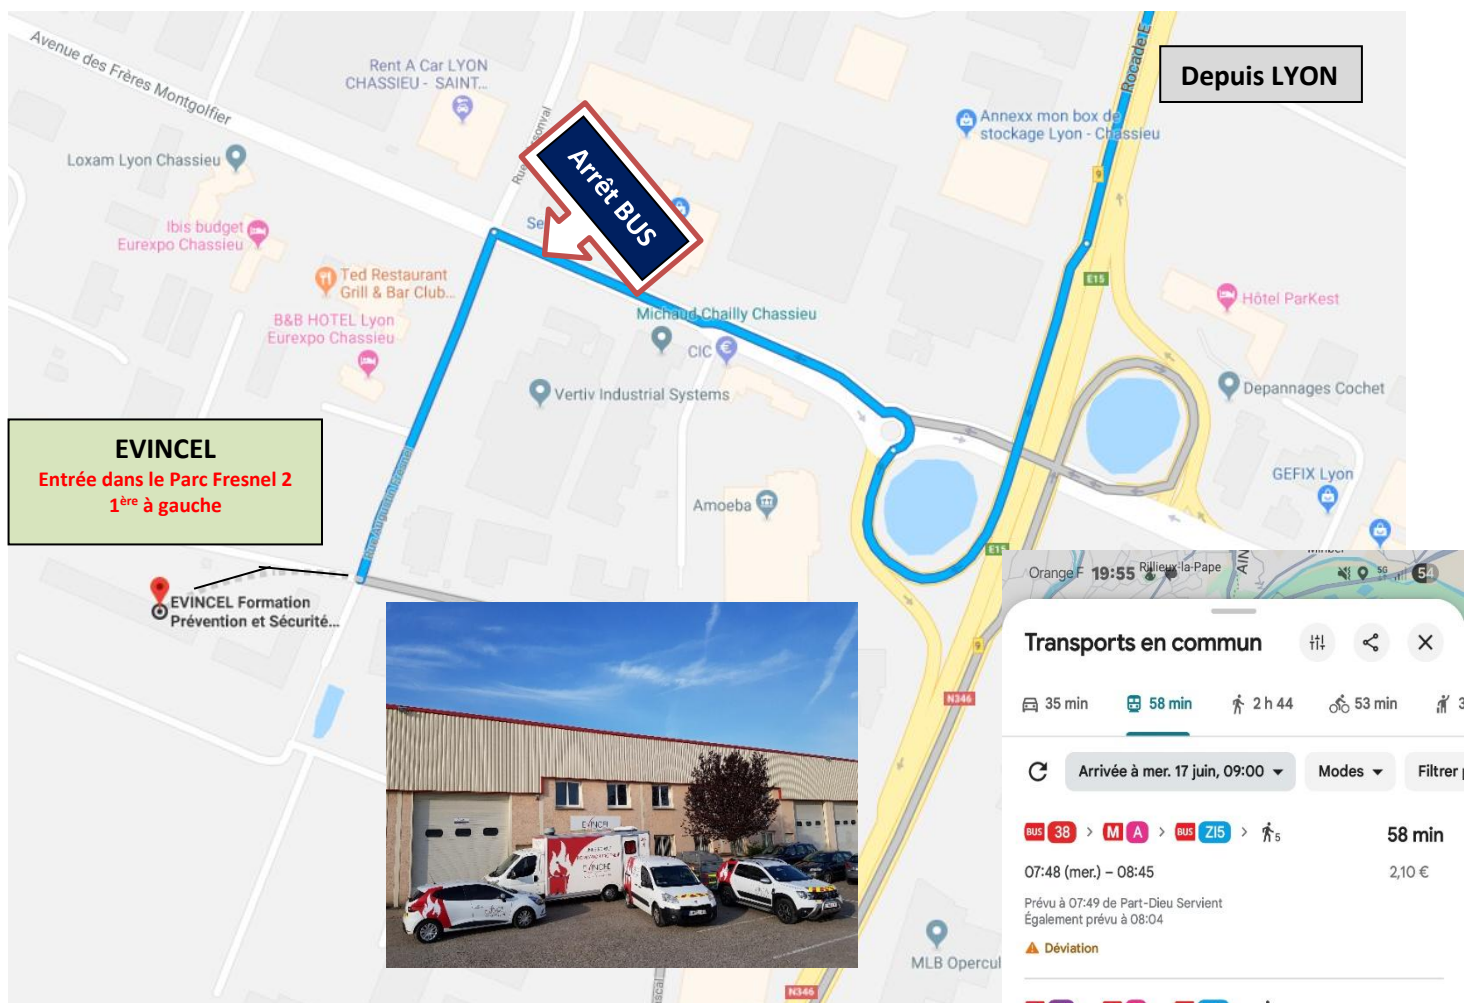

# Plan d'accès au Centre de formation

Contact sur place : 04.78.22.58.98

**ADRESSE : EVINCEL Chassieu**

**(dans Google / Waze)**

**PARC FRESNEL 2 – 1<sup>ère</sup> à gauche**

3 Rue Jean et Etienne Guignardat - 69680 CHASSIEU

**Accessibilité :** Le centre de formation est adapté aux personnes à mobilité réduite

**PARKING**  
**LE LONG DE LA HAIE EN FACE DU CENTRE**

**Restauration à proximité**

**La maison du burger : 47 Avenue du progrès 69680 Chassieu 0472503186 ( 1.7 km 4 min en voiture)**

**Boulangerie Ange : 212 Route de Grenoble 69800 Saint Priest (1.5 km 3 min en voiture)**

**Brasserie le loft : 71 Rue du Progrès, 69680 Chassieu 04 78 67 68 42 (1.2 km: 3 min en voiture)**

--------

§ Your assignment
Could you set down the records above exactly, skipping any picture?

§ Answer to this problem
# Plan d'accès au Centre de formation

Contact sur place : 04.78.22.58.98

**ADRESSE : EVINCEL Chassieu**

**(dans Google / Waze)**

**PARC FRESNEL 2 – 1<sup>ère</sup> à gauche**

3 Rue Jean et Etienne Guignardat - 69680 CHASSIEU

**Accessibilité :** Le centre de formation est adapté aux personnes à mobilité réduite

**PARKING**  
**LE LONG DE LA HAIE EN FACE DU CENTRE**

**Restauration à proximité**

**La maison du burger : 47 Avenue du progrès 69680 Chassieu 0472503186 ( 1.7 km 4 min en voiture)**

**Boulangerie Ange : 212 Route de Grenoble 69800 Saint Priest (1.5 km 3 min en voiture)**

**Brasserie le loft : 71 Rue du Progrès, 69680 Chassieu 04 78 67 68 42 (1.2 km: 3 min en voiture)**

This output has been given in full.